**EXERCISE PROMPT:**
Copy exactly the lines from the one containing "Dark Green (D/G)" through the last line of the records below, both included, and leave out the pictures.

**RECORDS PROVIDED:**
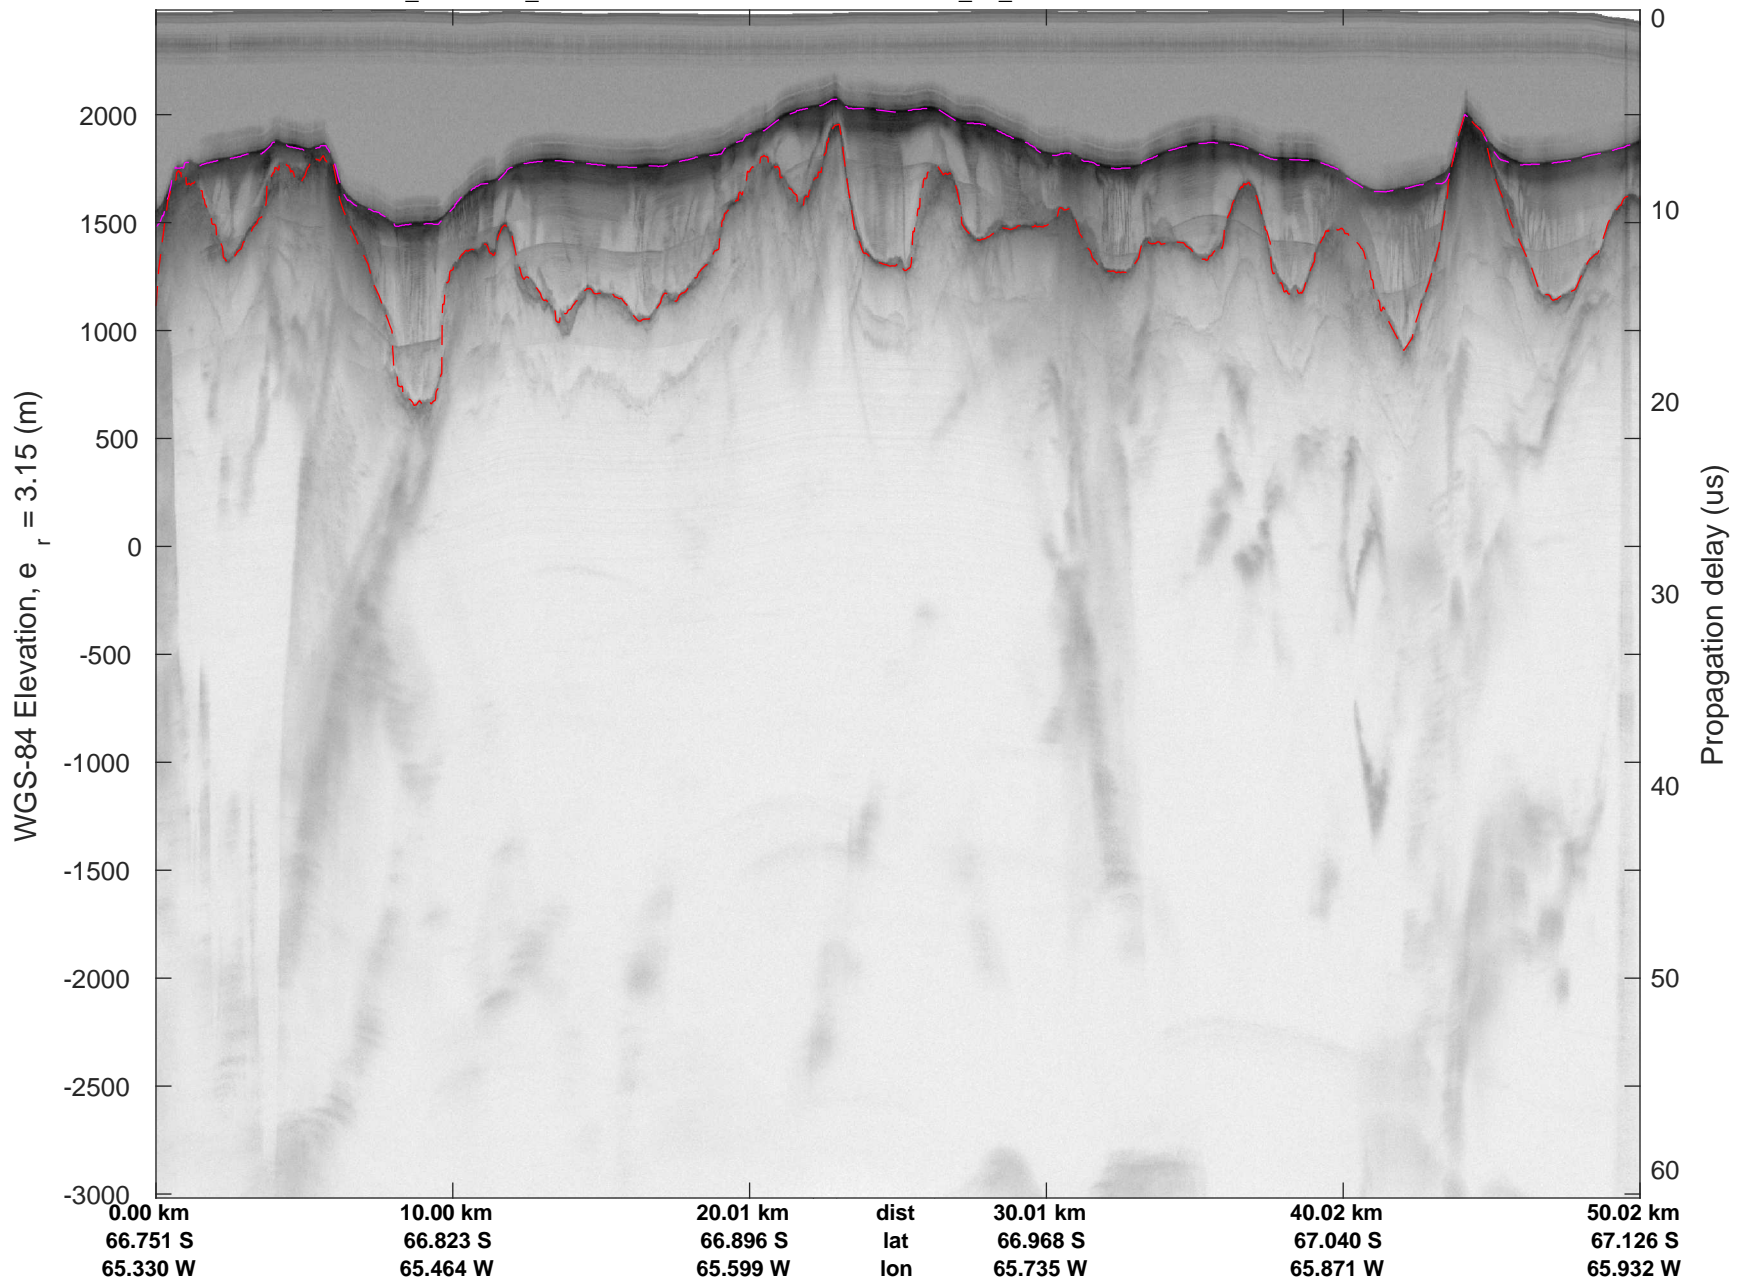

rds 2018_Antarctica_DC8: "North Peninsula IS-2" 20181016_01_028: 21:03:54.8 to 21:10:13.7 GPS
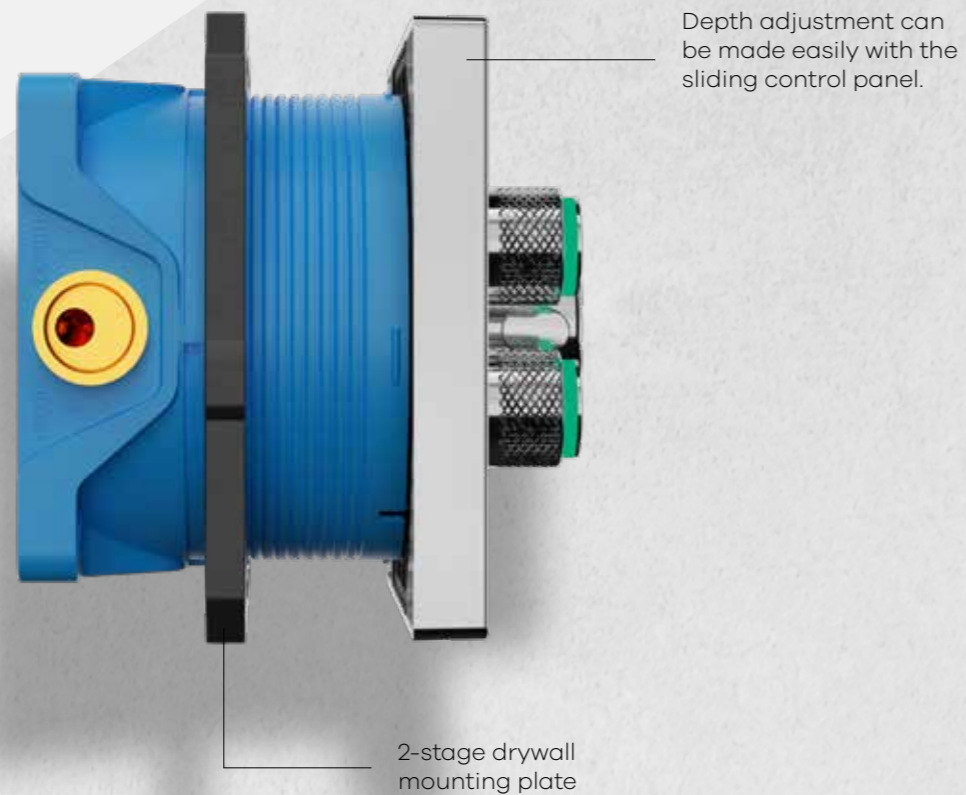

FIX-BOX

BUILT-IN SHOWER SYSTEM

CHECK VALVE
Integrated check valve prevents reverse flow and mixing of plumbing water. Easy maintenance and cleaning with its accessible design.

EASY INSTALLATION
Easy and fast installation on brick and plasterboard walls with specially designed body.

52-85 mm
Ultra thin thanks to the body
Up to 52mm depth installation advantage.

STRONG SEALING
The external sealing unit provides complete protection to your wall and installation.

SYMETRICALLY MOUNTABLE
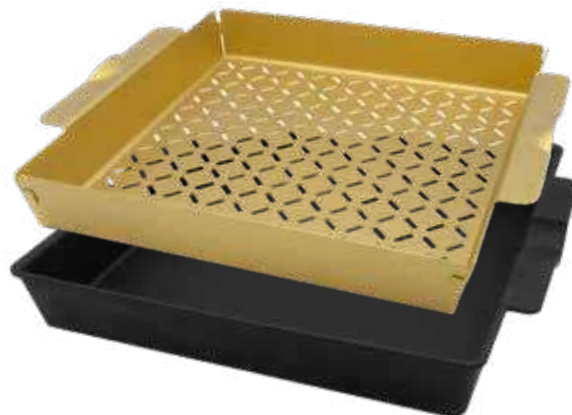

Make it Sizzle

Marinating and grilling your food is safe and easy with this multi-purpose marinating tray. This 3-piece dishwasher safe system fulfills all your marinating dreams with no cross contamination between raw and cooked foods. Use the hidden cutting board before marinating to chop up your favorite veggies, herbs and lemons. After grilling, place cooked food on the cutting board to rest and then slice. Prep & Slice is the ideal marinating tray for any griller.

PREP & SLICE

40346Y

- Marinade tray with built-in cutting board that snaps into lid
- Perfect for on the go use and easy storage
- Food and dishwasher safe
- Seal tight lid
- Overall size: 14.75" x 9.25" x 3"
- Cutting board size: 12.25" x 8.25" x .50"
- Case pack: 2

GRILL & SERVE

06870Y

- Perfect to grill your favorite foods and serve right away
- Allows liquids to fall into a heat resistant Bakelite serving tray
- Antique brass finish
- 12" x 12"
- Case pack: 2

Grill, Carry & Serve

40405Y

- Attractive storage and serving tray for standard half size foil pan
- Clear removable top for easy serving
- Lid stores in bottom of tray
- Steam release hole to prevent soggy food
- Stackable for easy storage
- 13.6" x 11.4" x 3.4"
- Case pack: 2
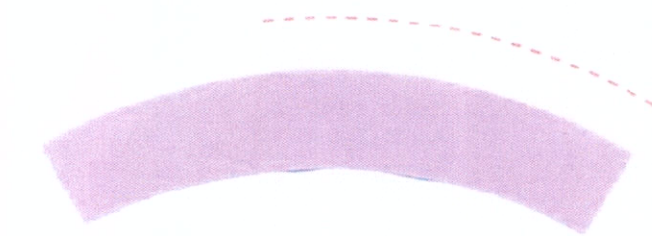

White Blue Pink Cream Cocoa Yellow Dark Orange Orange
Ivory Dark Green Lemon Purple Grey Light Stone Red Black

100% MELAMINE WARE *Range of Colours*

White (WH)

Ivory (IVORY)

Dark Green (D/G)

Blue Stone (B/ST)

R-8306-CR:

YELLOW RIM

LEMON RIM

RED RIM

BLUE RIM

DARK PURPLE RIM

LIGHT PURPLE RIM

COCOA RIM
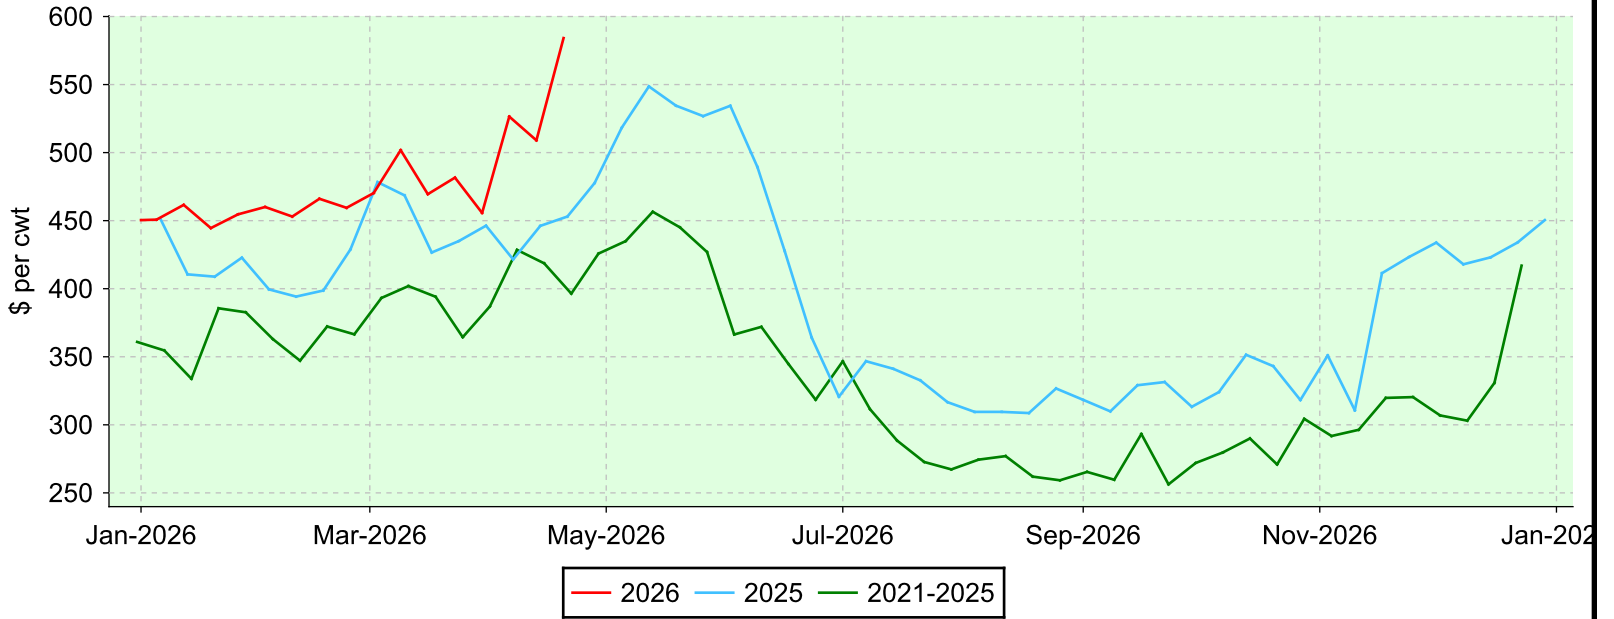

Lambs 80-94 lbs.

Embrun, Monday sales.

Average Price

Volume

**EXERCISE RESULT:**
Dark Green (D/G)

Blue Stone (B/ST)

R-8306-CR:

YELLOW RIM

LEMON RIM

RED RIM

BLUE RIM

DARK PURPLE RIM

LIGHT PURPLE RIM

COCOA RIM

Lambs 80-94 lbs.

Embrun, Monday sales.

Average Price

Volume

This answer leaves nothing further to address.